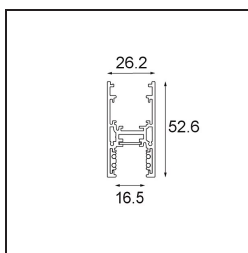

Track 48V High Profile Surface 3000 Bronze Brushed Anodised

Caractéristiques

Matériaux	13455882
Ampoule incluse	Non
Nombre de Sources Lumineuses	0
Direction de la Lumière	Bas
Tension d'Entrée	48 V CC
Classe Électrique	III
Indice de protection IP	20
Essai au fil incandescent (°C)	960
Intérieur/extérieur	Intérieur
Application	Plafond
Montage	En Surface
Ajustabilité	Not Applicable
Couleur Principale & Finition Principale	Bronze, Anodisé Brossé
Poids brut (g)	4172,0

Accessoires d'Eclairage d'installation

- 11062732** Power Feed Canopy Surface Square 4P DE Black Structure
- 11062709** Power Feed Canopy Surface Square 4P DE White Structure

- 11061409** Power Feed Canopy Surface Square 5P DE White Structure
- 11061432** Power Feed Canopy Surface Square 5P DE Black Structure
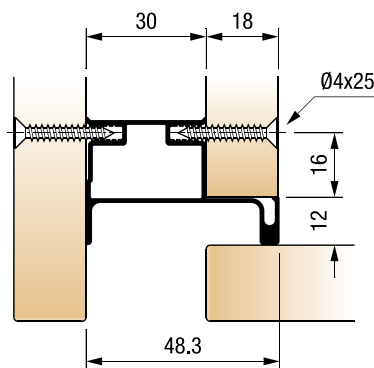

Шифра

Цена /ден.

92773

GOLA-FIX држач за профил

109

Шифра	L/m	Финиш	Цена
92798	2.6m	Антрацит	3.570 ден.
92797	2.6m	Црна мат	3.570 ден.
92796	2.6m	Сребрена мат	3.155 ден.

Шифра	L/m	Финиш	Цена
92801	2.6m	Антрацит	3.075 ден.
92800	2.6m	Црна мат	3.075 ден.
92799	2.6m	Сребрена мат	2.699 ден.
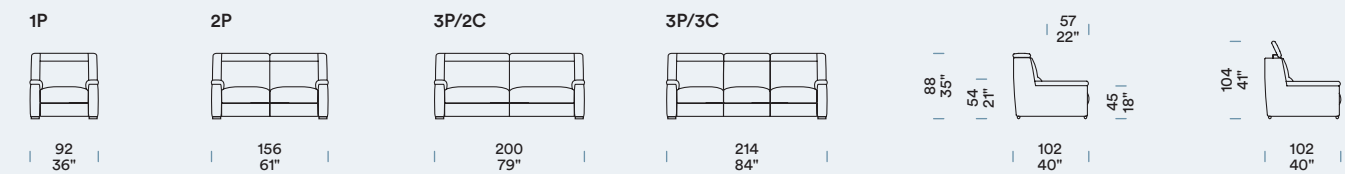

CUSCINO SEDUTA
Assise
Kussen zitting
Seat cushion

SCHIENALE
Dos
Rugleuning
Backrest

CUCITURA AD 1 AGO
Couture à 1 aiguille
Stiksel met 1 naald
Single needle seams

IMB. SCOCCA
Mousse carcasse
Vulling onderstel
Body padding

POGGIATESTA REGOLABILI
Appuie-têtes réglables
Verstelbare hoofdsteun
Adjustable headrests

SCELTE OPZIONALI / CHOIX EN OPTION / OPTIONELE KEUZES / OPTIONALS

[IT] — Vi preghiamo di specificare, all'interno dell'ordine, la tipologia dell'opzione scelta.

[FR] — Lors de la commande, nous vous prions d'indiquer le type d'option choisi.

[NL] — Gelieve bij de bestelling het gewenste type optionele te vermelden.

[EN] — Please specify your chosen type of optional in your order.

EFFETTO RIGIDO
Mousse ferme
Harde mousse
High density foam

MEMORIA LENTA
Mousse à mémoire
Traagschuim
Memory foam

SEDUTA CON MOLLE
Assise avec ressorts
Zit met veren
Seat with springs

RECLINER RELAX
Recliner relax
Relax recliner
Relax recliner

POGGIATESTA ELETTRICO
Appuie-tête électrique
Elektrische hoofdsteun
Electric headrest

BATTERIA
Batterie
Batterij
Battery

PIEDINO
Pied / Poot / Foot

METALLO
Métal / Metaal / Metal

CARATTERISTICHE / CARACTÉRISTIQUES / KENMERKEN / CHARACTERISTICS

POLTRONA E DIVANO
Fauteuil et Canapé / Fauteuil en Zitbank / Armchair and Sofa

Task goal ::
Copy each line in the listing where "Црна" appears.

Answer to this problem ::
92797	2.6m	Црна мат	3.570 ден.
92800	2.6m	Црна мат	3.075 ден.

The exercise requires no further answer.